Elogio del ocio

Condenados a ganarnos el pan con el sudor de la frente, hicimos del trabajo la razón de ser de la vida, el ícono al que deben rendirse todos los esfuerzos, el dios a quien sacrificar los buenos años de la existencia.

A aquella bíblica condena, la cultura occidental transformó en el valor supremo, en el argumento esencial, en la razón de ser. Paralelamente, el ocio adquirió ribetes malignos, casi pecaminosos, y quienes ejercieron el culto al descanso quedaron marcados por el descrédito y la sospecha. Así, vagos y vagabundos incurrieron en delito y, desde siempre, fueron vistos como seres a quienes había que tolerar, cuando no perseguir con la Policía o, al menos, con el descrédito. Pero hace algún tiempo ya empezó a valorarse el ocio. Tan “subversiva” conspiración contra el rigor puritano de los enfermos del trabajo, se encubrió, primero, bajo el discreto encanto de las vacaciones a la antigua, en el barrio o en la finca, y se promovió, después, con la enorme industria de la distracción, los deportes y del turismo. Se limitaron paulatinamente las jornadas, y se creó la cultura del recreo, que comienza a derrotar a los dogmáticos del trabajo eterno.

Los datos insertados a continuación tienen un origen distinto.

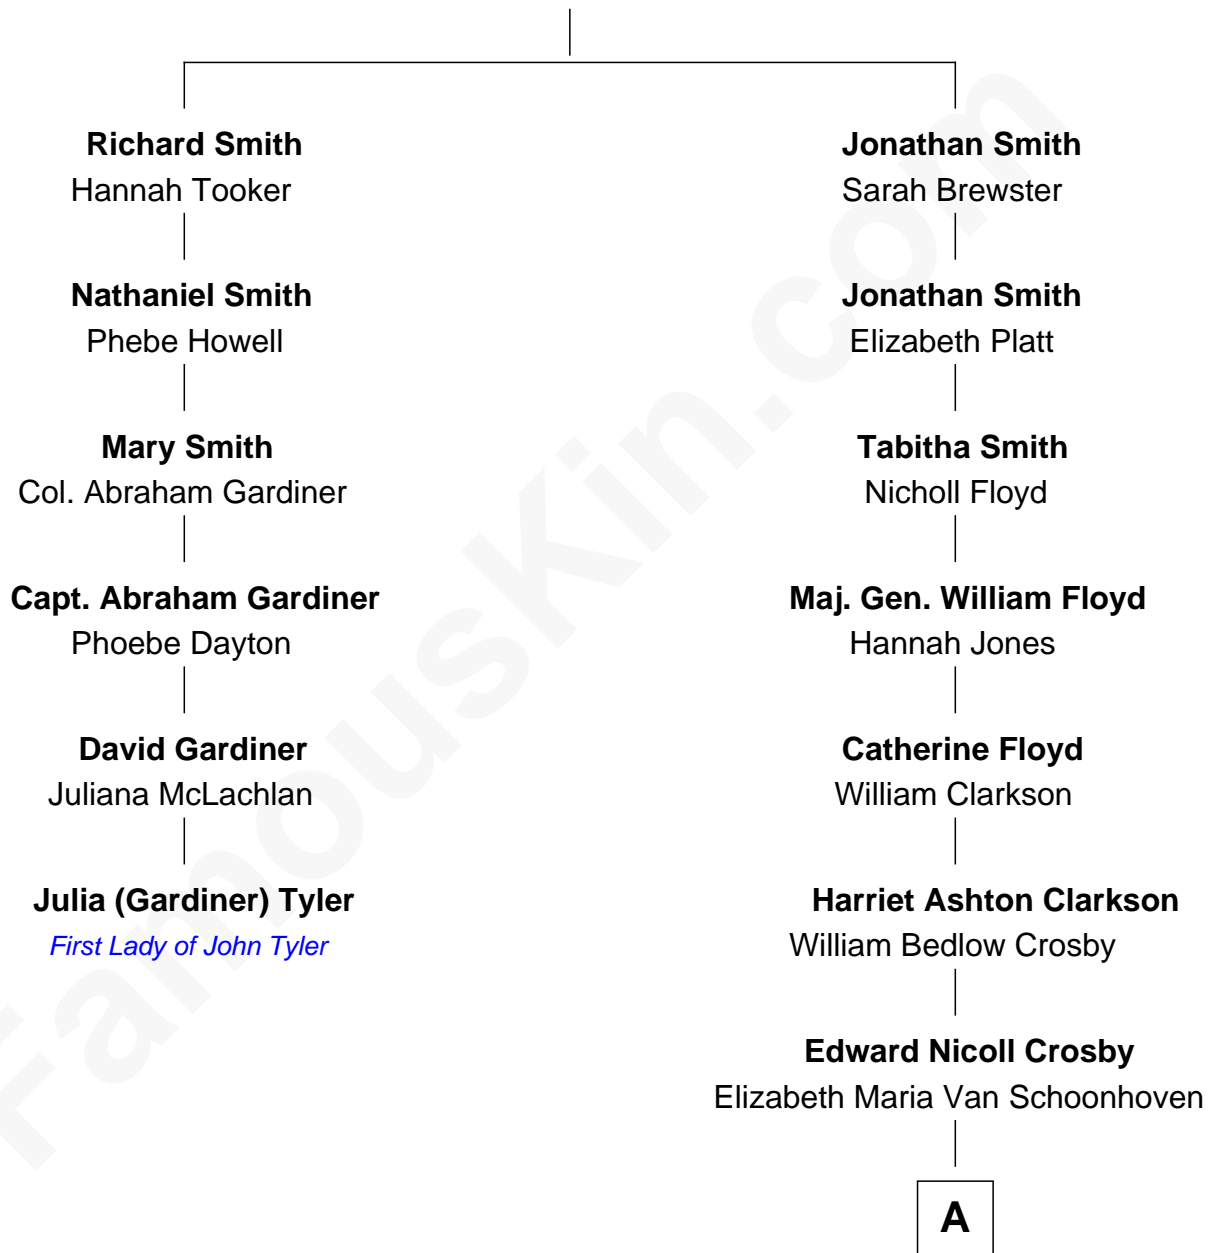

FamousKin.com

Relationship Chart of

Julia (Gardiner) Tyler

First Lady of President John Tyler

5th cousin 4 times removed of

David Crosby

Singer and Songwriter

Richard Smith

Sarah - - - - -

A

Frederic Van Schoonhoven Crosby

Julia Floyd Delafield

Floyd Delafield Crosby

Alph Van Corlandt Whitehead

David Crosby

Singer and Songwriter
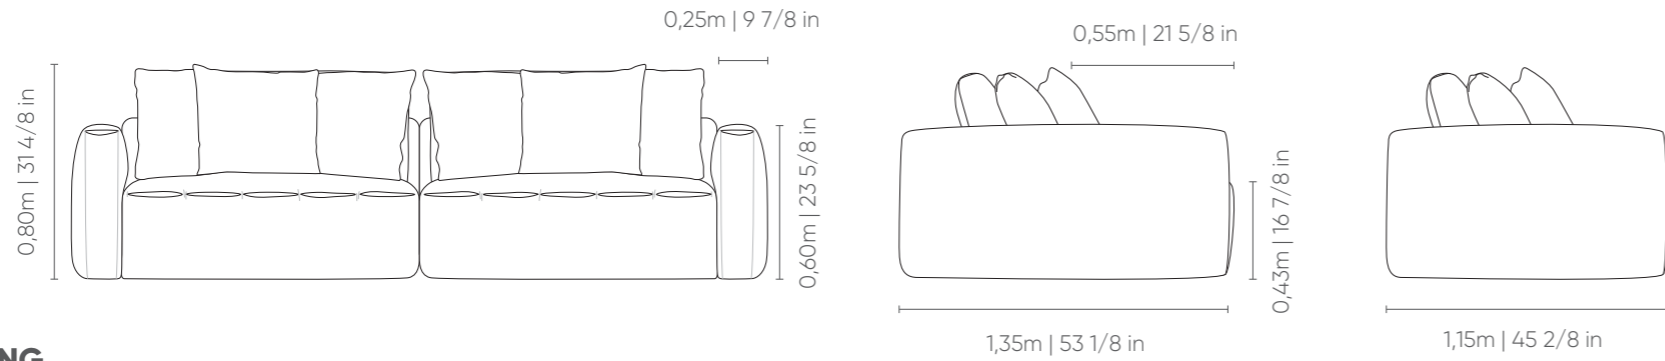

LONG

1B1 1 arm 1 seat 1 brazo 1 asiento	ASS seat asiento	ENC backrest respaldo	DEC decorative decorativo
1,05m | 41 3/8in x 1,35m | 53 1/8in	1	1	3
1,25m | 49 2/8in x 1,35m | 53 1/8in	1	1	3
1,45m | 57 1/8in x 1,35m | 53 1/8in	1	1	3
1,65m | 65in x 1,35m | 53 1/8in	1	2	5
1,85m | 72 7/8in x 1,35m | 53 1/8in	1	2	5
2,05m | 80 6/8in x 1,35m | 53 1/8in	1	2	5

SB1 no arm 1 seat sin brazo 1 asiento	ASS seat asiento	ENC backrest respaldo	DEC decorative decorativo
0,80m | 31 4/8in x 1,35m | 53 1/8in	1	1	3
1,00m | 39 3/8in x 1,35m | 53 1/8in	1	1	3
1,20m | 47 2/8in x 1,35m | 53 1/8in	1	1	3
1,40m | 55 1/8in x 1,35m | 53 1/8in	1	1	5
1,60m | 63in x 1,35m | 53 1/8in	1	1	5
1,80m | 70 7/8in x 1,35m | 53 1/8in	1	1	5

CTO corner esquina	ASS seat asiento	ENC backrest respaldo	DEC decorative decorativo
1,35m | 53 1/8in x 1,35m | 53 1/8in	1	2	3

CH SB chaise no arm chaise sin brazo	ASS seat asiento	ENC backrest respaldo	DEC decorative decorativo
0,80m | 31 4/8in x 1,75m | 68 7/8in	1	1	3
1,00m | 39 3/8in x 1,75m | 68 7/8in	1	1	3
1,20m | 47 2/8in x 1,75m | 68 7/8in	1	1	3
1,40m | 55 1/8in x 1,75m | 68 7/8in	1	1	5
1,60m | 63in x 1,75m | 68 7/8in	1	1	5
1,80m | 70 7/8in x 1,75m | 68 7/8in	1	1	5

CH 1B ATF chaise 1 arm until the end chaise 1 brazo hasta el final	ASS seat asiento	ENC backrest respaldo	DEC decorative decorativo
1,05m | 41 3/8in x 1,75m | 68 7/8in	1	1	3
1,25m | 49 2/8in x 1,75m | 68 7/8in	1	1	3
1,45m | 57 1/8in x 1,75m | 68 7/8in	1	1	3
1,65m | 65in x 1,75m | 68 7/8in	1	2	5
1,85m | 72 7/8in x 1,75m | 68 7/8in	1	2	5
2,05m | 80 6/8in x 1,75m | 68 7/8in	1	2	5

SB BI no arm chaise long sin brazo chaise long	ASS seat asiento	ENC backrest respaldo	DEC decorative decorativo
1,40m | 55 1/8in x 1,35m | 53 1/8in	1	1	3
1,60m | 63in x 1,35m | 53 1/8in	1	1	3
1,80m | 70 7/8in x 1,35m | 53 1/8in	1	1	3
2,00m | 78 6/8in x 1,35m | 53 1/8in	1	1	5
2,20m | 86 5/8in x 1,35m | 53 1/8in	1	1	5
2,40m | 94 4/8in x 1,35m | 53 1/8in	1	1	5

CEV chaise long backrest turning chaise long respaldo giratorio	ASS seat asiento	ENC backrest respaldo	DEC decorative decorativo
1,35m | 53 1/8in x 1,85m | 72 7/8in	1	3	5
1,35m | 53 1/8in x 2,05m | 80 6/8in	1	3	5
1,35m | 53 1/8in x 2,25m | 88 5/8in	1	3	5
1,35m | 53 1/8in x 2,45m | 96 4/8in	1	3	6
1,35m | 53 1/8in x 2,65m | 104 3/8in	1	3	6
1,35m | 53 1/8in x 2,85m | 112 2/8in	1	3	6
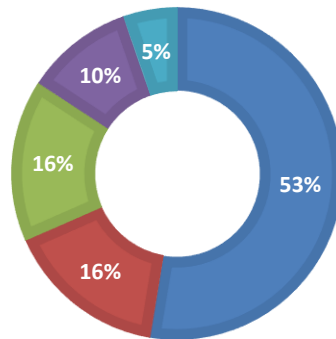

MBA(HRM) PLACEMENT SNAPSHOT

Highest CTC
on offer 18
Lpa

Median
CTC 8.25
Lpa

Avg. CTC
8.09 Lpa

SECTOR-WISE AVERAGE CTC

SECTOR DISTRIBUTION

■ Manufacturing ■ BFSI ■ Consulting ■ IT/ITES ■ FMCG

PARTNERS IN PROGRESS
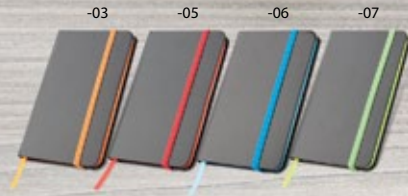

Tilex AP791763

70×100×5 mm
P1 (2C, 60×30 mm)

Mini notebook with coloured cover and 32 blank sheets.

Yakis AP741148

90×140×13 mm
P1 (2C, 50×30 mm), UV (FC, 85×135 mm)

White carton covered notebook with 80 sheets and coloured rubber strap.
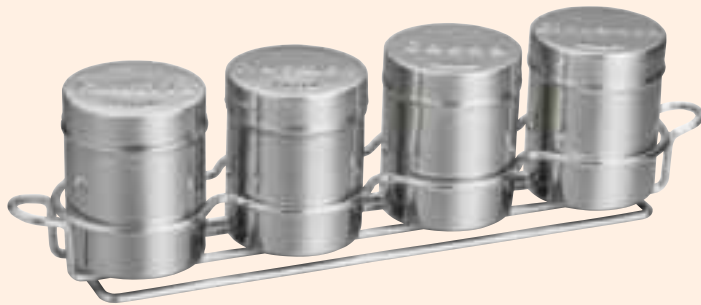

COFFEE SETS & SHAKERS

Designed to organize your gourmet coffee service
Five hole lid design minimizes spillage and clean-up
Features embossed lids: Cinnamon, Cocoa, Nutmeg and Vanilla
6 oz stainless steel shakers
Storage caps included

SETS FOR COUNTERTOPS

Available in each.

item	description	master case	case lbs/cube	list price ($)
a. 758X	3 Shaker Countertop Set (6 oz Cinnamon, Cocoa & Nutmeg Shakers, Storage Caps, Chrome Plated Metal Rack)	1/6 ea	6/0.5	49.88 ea
b. 759X	4 Shaker Countertop Set (6 oz Cinnamon, Cocoa, Nutmeg & Vanilla Shakers, Storage Caps, Chrome Plated Metal Rack)	1/6 ea	8/1.1	67.20 ea
c. 784	4 Shaker Merchandiser Pack (6 oz Cinnamon, Cocoa, Nutmeg & Vanilla Shakers, Storage Caps)	3 ea	3/0.3	59.24 ea
754	6 oz Cinnamon Shaker, Storage Cap	12/96 ea	18/1.6	11.48 ea
755	6 oz Cocoa Shaker, Storage Cap	12/96 ea	18/1.6	11.48 ea
756	6 oz Nutmeg Shaker, Storage Cap	12/96 ea	18/1.6	11.48 ea
757	6 oz Vanilla Shaker, Storage Cap	12/96 ea	18/1.6	11.48 ea
758	3 Ring Chrome Plated Metal Rack	12/96 ea	26/2.6	6.78 ea
759	4 Ring Chrome Plated Metal Rack	12/72 ea	31/2.7	7.28 ea
754C	Storage Cap	12 ea		.50 ea

b
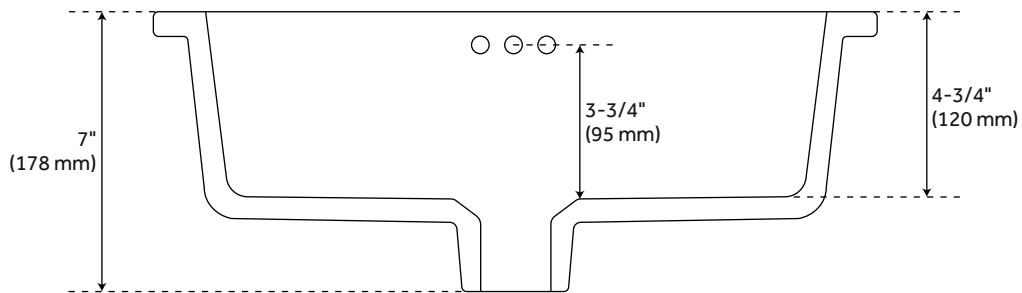

## FEATURES

Features: Narrow Depth  
Material: Marble  
Assembly Required: Yes  
Number of Basins: 1  
Sink Installation: Undermount - Rectangle  
Vanity Top Options: Carrara Marble  
Faucet Centers: 8"  
Basin Length: 15-1/8"  
Basin Width: 9-7/8"  
Water Depth To Overflow: 3-3/4"  
Fits Drain Hole Size: 1-1/2"  
Faucet Included: No  
Vanity Top Material: Marble  
Sink Material: Porcelain  
Vanity Top Thickness: 3cm  
Water Depth to Rim: 4-3/4"  
Size: 31"  
Sink Included: Yes  
Sink Color: White  
Basin Overflow: Yes  
Vanity Top Depth: 19"  
Vanity Top Width: 31"  
Backsplash: Yes  
Weight: 94.22

## ADDITIONAL FEATURES

- Includes countertop, backsplash, and white porcelain sink.
- Matching right or left sidesplash sold separately.
- To clean, add a few drops of mild cleanser, rinse with water and wipe dry.
- Stone is pre-sealed and polished to a smooth gloss.
- See Installation Instructions for directions to attach the vanity top and sink.

# 31" x 19" 3cm Narrow Marble Vanity Top with Rectangular Undermount Sink - Widespread - Carrara Marble

All dimensions and specifications are nominal and may vary. Use actual products for accuracy in critical situations.

# WHITE PORCELAIN SINK

All dimensions and specifications are nominal and may vary. Use actual products for accuracy in critical situations.
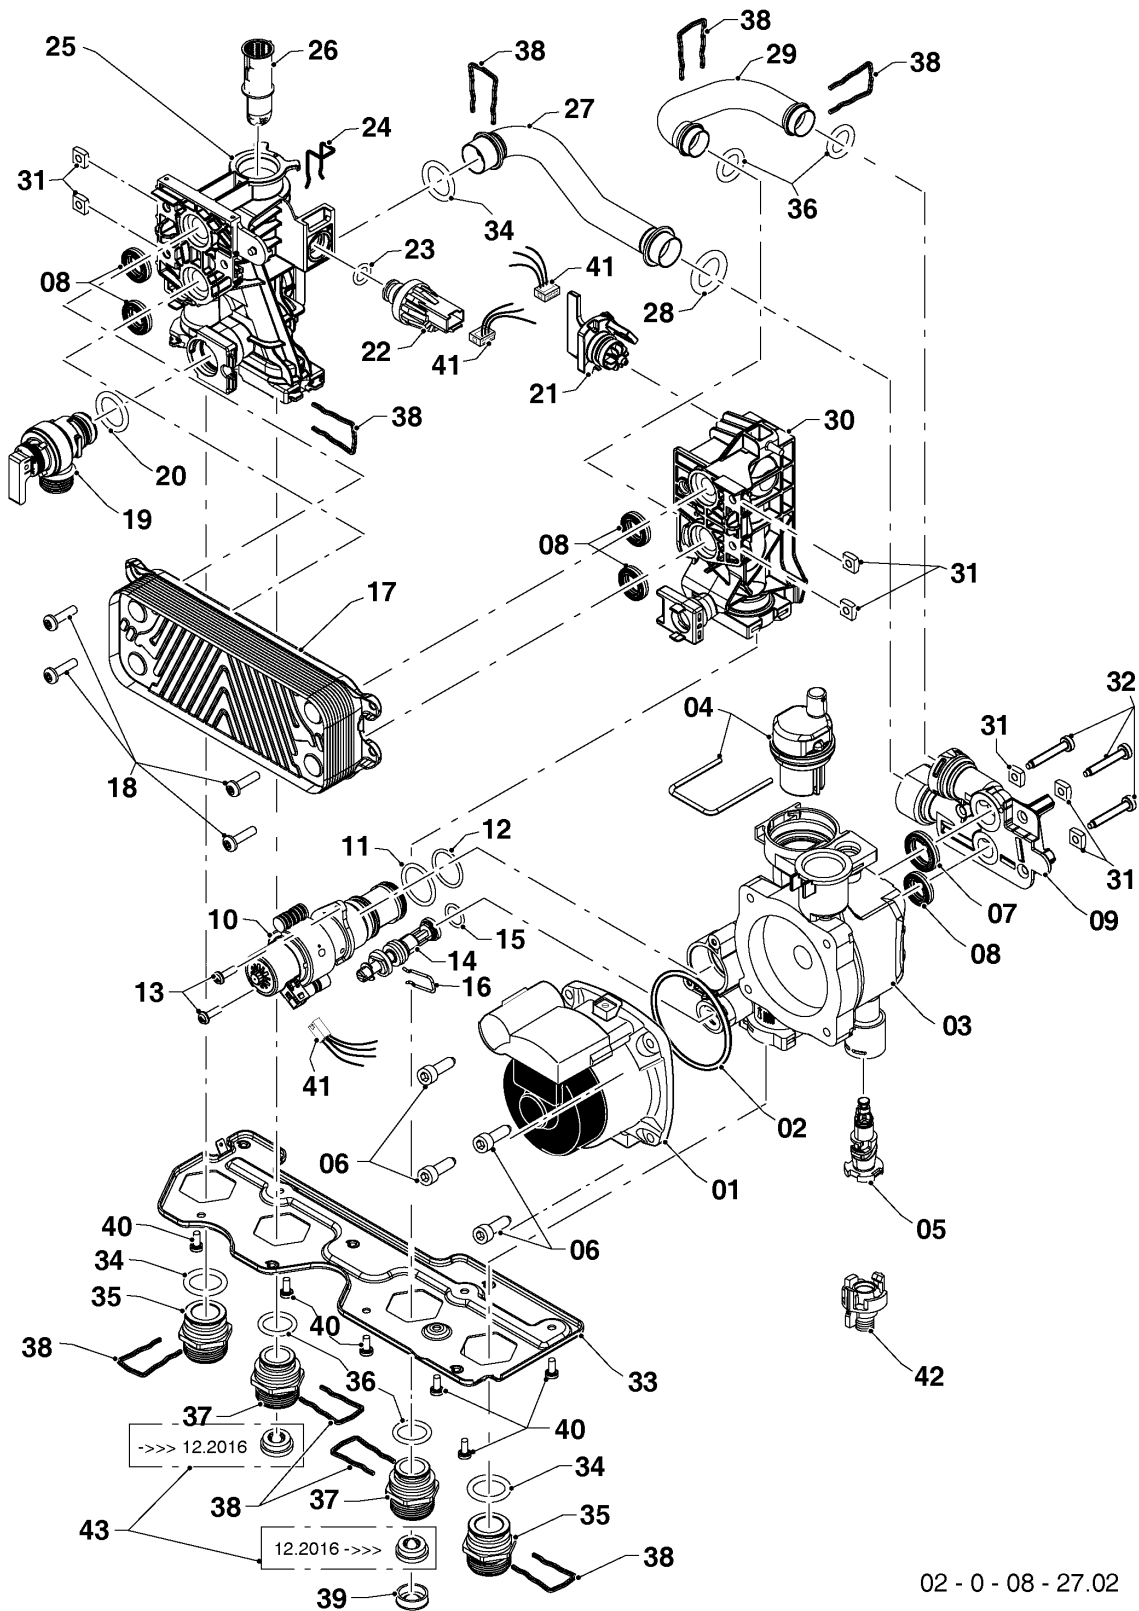

Wall-hung boilers (fan-assisted combi)

25KTV20 Panther (H-RU)

08a - Hydraulic parts

02 - 0 - 08 - 27.02

Wall-hung boilers (fan-assisted combi)

25KTV20 Panther (H-RU)

08a - Hydraulic parts

Поз.	Артикульный номер	Описание	Указание, замечание
01	0020197548	Pump motor	25KTV20 Panther (H-RU), supplied with pos.06, it`s necessary to order also sealing ring (pos.02)
02	0020221829	O-ring	
03	0020207137	Housing, pump R-DIN	with parts 02,04,05,06,07,08,11,12,13,15,16, 31,32,34,38
04	S1024500	Automatic de-aerator	
05	0020207138	Tap drain piece R-DIN	
06	0020207139	Screw, pump (x4)	
07	0020014182	Gasket, type C, (x10)	
08	0020014166	Gasket, type C, (x10)	
09	0020197547	Hydroblock	with parts 07,08,28,31,32,36,38
10	0020097214	Diverter valve 3 way	with parts 11,12,13
11	0020097224	O-ring, (x10)	
12	0020097226	O-ring, (x10)	
13	0020097227	Screw, (x10)	
14	0020014169	Bypass	with parts 15, 16
15	0020014195	O-ring, (x10)	
16	0020047019	Clip, (x10)	
17	0020186152	Heat exchanger, 12 plates	25KTV20 Panther (H-RU), with parts 08,18
18	A000024274	Screw, M5x20 H/E plate, (x25)	
19	0020047005	Pressure relief valve, 3 bar	with parts 20,38
20	0020125448	O-ring, (x10)	
21	0020197555	Flow sensor	
22	0020079644	Sensor	with parts 23, 24
23	0020014177	O-ring, (x10)	
24	0020097197	Clip, (x10)	
25	0020186163	Hydroblock	supply with pos. 08, 18, 20, 23, 24, 26, 31, 34, 36, 38, 40,
26	0020014178	Filter	
27	0020186168	Tube, by-pass	with parts 28,34,38
28	0020097187	O-ring, (x10)	
29	0020186167	Tube, pump-SHE	with parts 36,38
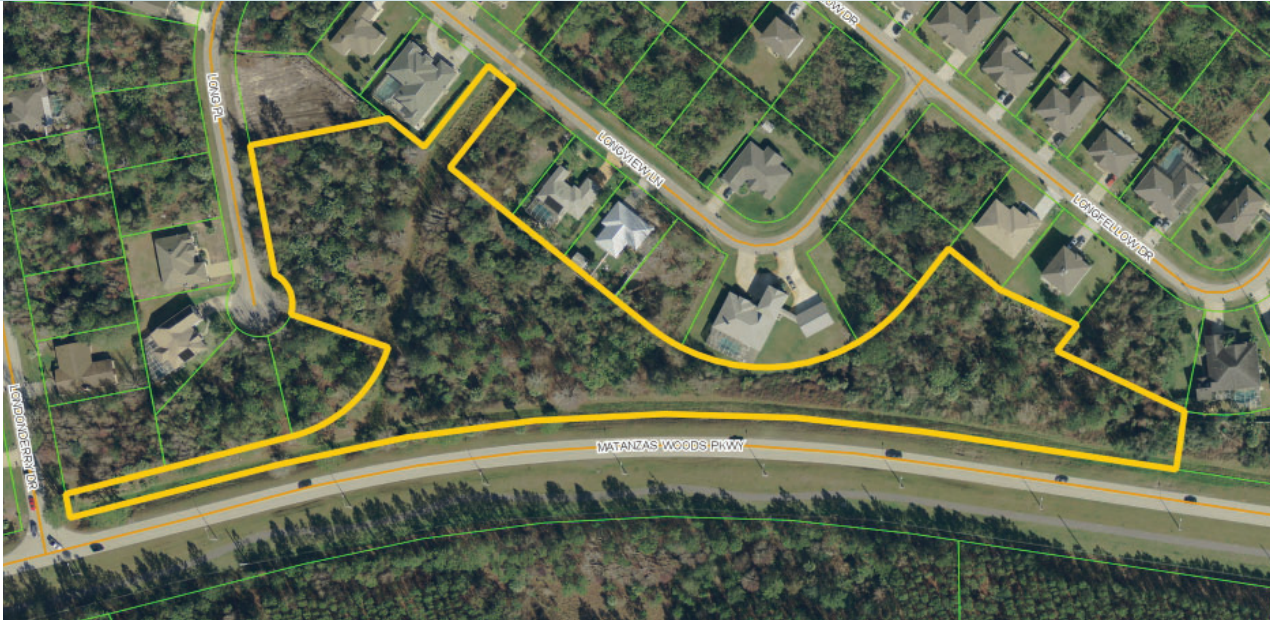

# PALM COAST RESIDENTIAL

4.76± acres

Palm Coast, Flagler County, FL

## SIZE

4.76± acres

## DESCRIPTION

Located in the heart of Palm Coast, Florida. This is a truly unique lot with multiple access points and can be subdivided into a minimum of two residential lots. This property offers the safety and utility of living in a subdivision while still having multiple acres surrounding you. It's the perfect site to build your dream home!
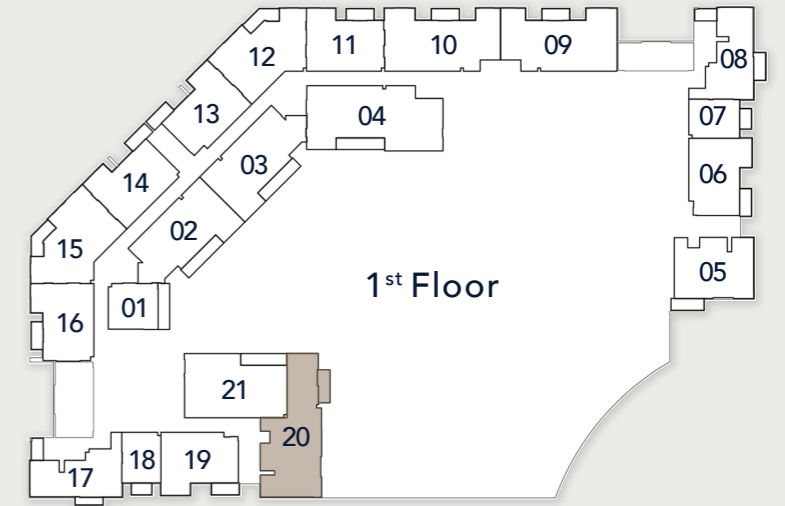

2 BEDROOM TYPE E

Internal Living Area

1362.60 sq. ft

Outdoor Living Area

67.27 sq. ft

Total Living Area

1429.88 sq. ft

La sociedad actual, poco a poco, está devolviendo al trabajo la condición de instrumento para vivir y no de última razón para existir, al punto que aquello de doblar la testuz en infinitas jornadas en pro de un salario, empieza a verse, ya no como virtud franciscana, sino como ejercicio inevitable para ganarse unas monedas, y también para irse de vacaciones y alcanzar el tiempo feliz, siempre hipotético y distante, de “hacer lo que me gusta”, tirarme a la bartola, pasear con el perro, o leer el libro siempre postergado.
Sin llegar a los extremos de la rebelión contra el trabajo -y asumiendo que el drama del desempleo es de los peores que enfrenta ese sujeto ilusionado, activo, pero siempre inerme, que es el hombre-, hay que admitir que el “sentido del ocio” es un refinamiento que no todos tienen; que hay quienes, en ausencia de la labor impuesta, en vacaciones elegidas o forzadas, se sienten “como diablo en botella”, no se hallan, se aburren, maldicen y denigran del feriado. Ellos solo se reconocen en el taller o en la oficina; sus hobbies son la tarea de siempre, el corre-corre de cada día; los tiempos vacíos les abruman porque no saben llenarlos, no tienen la habilidad aquella de soñar, divagar, escribir o leer. No saben viajar ni descubrir nada nuevo en la aventura de salir de la rutina, romper las reglas y desordenar los horarios.
El ocio es, paradójicamente, la razón de ser de las largas jornadas de trabajo, porque, en el fondo, a lo que aspiramos casi todos es a irnos de vacaciones, terminar el día, concluir los rigores laborales y enfrentar con ilusión aquello de descansar. Defender los espacios de ocio, ¿no será parte de la lucha por la dignidad?